I finally decided to ask the European Commission if it ever followed up on the disbursements made here from its Regional Fund.

They faxed a reply explaining the objectives of "5b/under-programme III: Diversification of the economic activity and improvement of the infrastructures." As a tourist town under "Measure 3.6, improvement of the water and sanitation system," Dei received 4.5 million pesetas (that's $31,000 or 24,500 ECUs). What this will mean in euros, perhaps the embryonic European Central Bank in Frankfurt knows. But it put me in mind of the skepticism expressed by Paul Volcker, then of the United States Federal Reserve, when this whole process started a decade ago: "I've seen an awful lot of governments without a central bank, but I've never seen a central bank without a government."

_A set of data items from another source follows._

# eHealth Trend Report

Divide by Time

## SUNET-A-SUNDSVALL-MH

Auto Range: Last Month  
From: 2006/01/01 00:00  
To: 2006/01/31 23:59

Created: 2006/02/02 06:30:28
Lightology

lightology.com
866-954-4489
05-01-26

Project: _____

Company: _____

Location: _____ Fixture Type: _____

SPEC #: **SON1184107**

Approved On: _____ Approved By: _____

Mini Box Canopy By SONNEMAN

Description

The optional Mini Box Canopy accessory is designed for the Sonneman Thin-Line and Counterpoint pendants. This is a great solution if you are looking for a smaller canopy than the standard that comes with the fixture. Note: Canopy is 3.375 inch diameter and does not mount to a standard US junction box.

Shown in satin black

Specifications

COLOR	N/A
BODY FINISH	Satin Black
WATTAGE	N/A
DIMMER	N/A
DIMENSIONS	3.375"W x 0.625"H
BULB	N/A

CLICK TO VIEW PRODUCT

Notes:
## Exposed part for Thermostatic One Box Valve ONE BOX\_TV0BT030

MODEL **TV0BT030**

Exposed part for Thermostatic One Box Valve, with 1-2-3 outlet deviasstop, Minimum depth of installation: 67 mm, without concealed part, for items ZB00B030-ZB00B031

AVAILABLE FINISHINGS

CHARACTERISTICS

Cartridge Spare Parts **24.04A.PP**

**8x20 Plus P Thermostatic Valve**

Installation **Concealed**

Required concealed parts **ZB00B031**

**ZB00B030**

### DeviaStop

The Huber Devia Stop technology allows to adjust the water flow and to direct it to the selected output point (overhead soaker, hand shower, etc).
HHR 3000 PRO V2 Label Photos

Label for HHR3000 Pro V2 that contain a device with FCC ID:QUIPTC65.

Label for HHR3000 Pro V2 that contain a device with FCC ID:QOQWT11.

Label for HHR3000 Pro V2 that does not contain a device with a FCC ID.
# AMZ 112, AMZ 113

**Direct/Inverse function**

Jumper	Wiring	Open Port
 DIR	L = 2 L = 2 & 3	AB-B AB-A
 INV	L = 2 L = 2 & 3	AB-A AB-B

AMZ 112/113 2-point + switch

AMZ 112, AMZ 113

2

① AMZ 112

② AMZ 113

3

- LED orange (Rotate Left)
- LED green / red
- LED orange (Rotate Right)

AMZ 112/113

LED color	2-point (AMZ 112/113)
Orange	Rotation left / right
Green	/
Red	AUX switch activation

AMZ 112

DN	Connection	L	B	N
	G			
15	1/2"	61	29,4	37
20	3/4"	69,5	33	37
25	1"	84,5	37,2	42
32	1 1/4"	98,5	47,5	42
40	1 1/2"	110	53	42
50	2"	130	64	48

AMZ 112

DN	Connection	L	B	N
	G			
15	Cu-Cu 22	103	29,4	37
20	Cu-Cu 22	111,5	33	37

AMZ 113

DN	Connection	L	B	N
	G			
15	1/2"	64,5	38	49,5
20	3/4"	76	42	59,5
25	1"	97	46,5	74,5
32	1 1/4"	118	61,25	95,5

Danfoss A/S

The Regional Fund is Brussels' excuse for automatic transfer programs, such as unemployment benefits and short-term welfare, that every modern government uses to equalize regional differences and serve as early-warning devices against recession. (Don't ask how the fund ended up in one of the wealthiest villages in Spain, but it surely didn't hurt that Narcis Serra, then Spain's deputy prime minister, used to summer here.)

But when money leaves Brussels, it's gone, and no one knows where. The spokesman's statement warned in boldface: "The commission approves operational programs but not individual projects."

Did anyone in Spain have to account to Brussels? Does Brussels have a system to audit the books and find out what happened to its money when it got to Spain? I called and asked. We'll look into that and call you back, they said. No one did.

I told this little tale at a grand conference on the euro held in New York by the European Institute. Peter Fisher, the chief trader at the Federal Reserve Bank of New York, warned that the euro wouldn't be real money until it could boast "liquidity in the markets." There's that word again. My mind feasted on the idea of water finally flowing through the pipes of our new system that Brussels helped build here. Mr. Fisher meant that, for euros to become real money, bonds would have to be denominated in euros; banks and brokers would have to trade them; and ordinary investors would have to be willing to pay for them from their own pockets.

Burying money in Spanish castles

For that to happen, Germans would have to trust the euro enough not to bury their own hard currency in vacation castles in Spain. The French would have to trust their own governments and Brussels to be responsive to their own needs, as French voters have just demonstrated they do not when it comes to choosing between them and the euro.

And all member governments of the European Union will have to be able to give a better accounting of their own activities than Brussels, Madrid, and my town council have done in their miserable efforts to help turn liquidity into water in the tank in my garden.

* Lawrence Malkin, former European correspondent for Time and chief US correspondent for the International Herald Tribune, is an author who divides his time between New York and Deia, Spain.